Among the various factors in the processing environment, the tool occupies a very important position. Although the tool only accounts for 3% of the total production cost, if the machining efficiency is increased by 20% by proper tool selection, the total cost can be effectively saved by up to 15%.
As with the domino effect, by increasing the processing performance by 15-20%, the productivity can be greatly improved, which in turn directly promotes the increase in profitability and allows the company to become more competitive. However, the above goals can only be achieved through the cooperation of advanced tools, cutting-edge CNC machines and intelligent CAD/CAM software.
Choosing the right metal cutting strategy for high productivity
Proper selection of tools and cutting parameters reduces cycle times and reduces individual workpiece power consumption. The fast metal removal process not only yields high productivity but also saves energy. Overall, the shorter the tool cutting time, the higher the productivity and the less energy is consumed. In the same way, productivity can be further improved by using the advanced CAD/CAM software system to obtain the shortest tool path and optimizing the cutting parameters.
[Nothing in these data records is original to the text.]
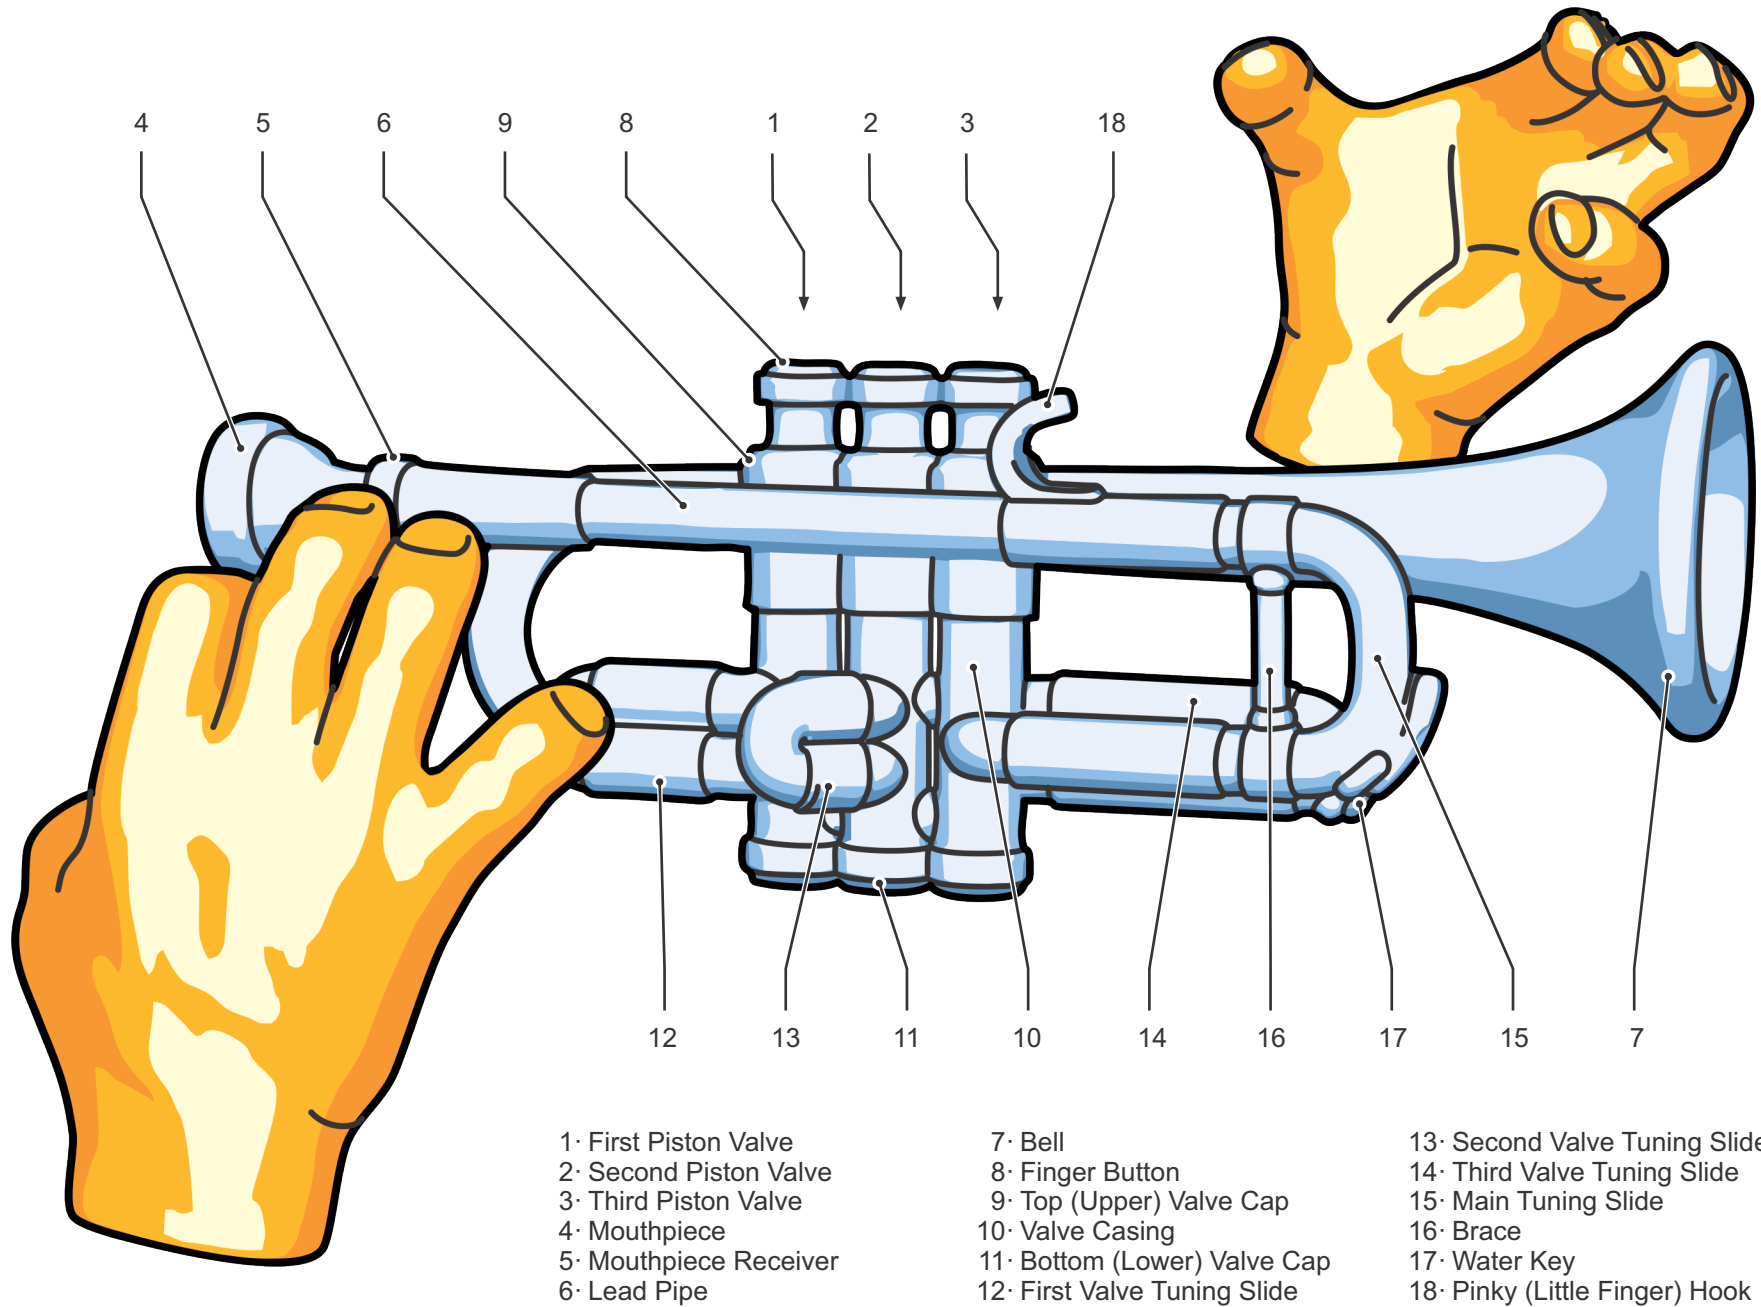

Parts of the Trumpet

- 1· First Piston Valve
- 2· Second Piston Valve
- 3· Third Piston Valve
- 4· Mouthpiece
- 5· Mouthpiece Receiver
- 6· Lead Pipe

- 7· Bell
- 8· Finger Button
- 9· Top (Upper) Valve Cap
- 10· Valve Casing
- 11· Bottom (Lower) Valve Cap
- 12· First Valve Tuning Slide

- 13· Second Valve Tuning Slide
- 14· Third Valve Tuning Slide
- 15· Main Tuning Slide
- 16· Brace
- 17· Water Key
- 18· Pinky (Little Finger) Hook

Increase productivity with vibration-damping machining solutions
The chip structure design, high precision, and effective allocation of cutting forces together improve tool performance, combined with vibration reduction design and smooth chip evacuation design to significantly reduce power consumption while achieving high productivity. The two main factors driving low energy consumption and high metal removal rate are spiral cutting edges and unequal pitch structures. Tools with unequal pitch structures eliminate harmonic vibrations, which are the main cause of vibration. During processing, whenever vibration or noise is generated, the operator always rapidly reduces cutting parameters such as cutting speed, feed or depth of cut, which is not conducive to the performance of the tool.
As a leading tool manufacturer, Iskar continues to innovate with the goal of increasing productivity and continuously develop innovative products.
Iskar's CHATTERFREE FINISHRED is a good example. The cutter is specially designed to eliminate vibrations in milling and to perform both rough and finish milling. The unequal pitch spiral edge arrangement of the milling cutter eliminates the main cause of vibration - harmonic vibration, thus harvesting fast metal cutting and achieving higher machining in the case of roughing cutting parameters. Surface Quality.
Figure 1: Anti-vibration noise reduction end mill (CHATTERFREE FINISHRED)
CHATTERFREE FINISHRED has two types of solid carbide end mills and transformers end mills (see Figure 1), especially for low-power machines with ISO40 and BT40 holders. Solid carbide end mills enable full-slot milling with a maximum depth of 2x. Solid carbide end mill with integrated roughing and finishing cutters, with 4 unequal pitches, 38° helix angle, medium length, greatly shortens the machining cycle; effective in high load applications Vibration reduction, high surface quality obtained under roughing parameters.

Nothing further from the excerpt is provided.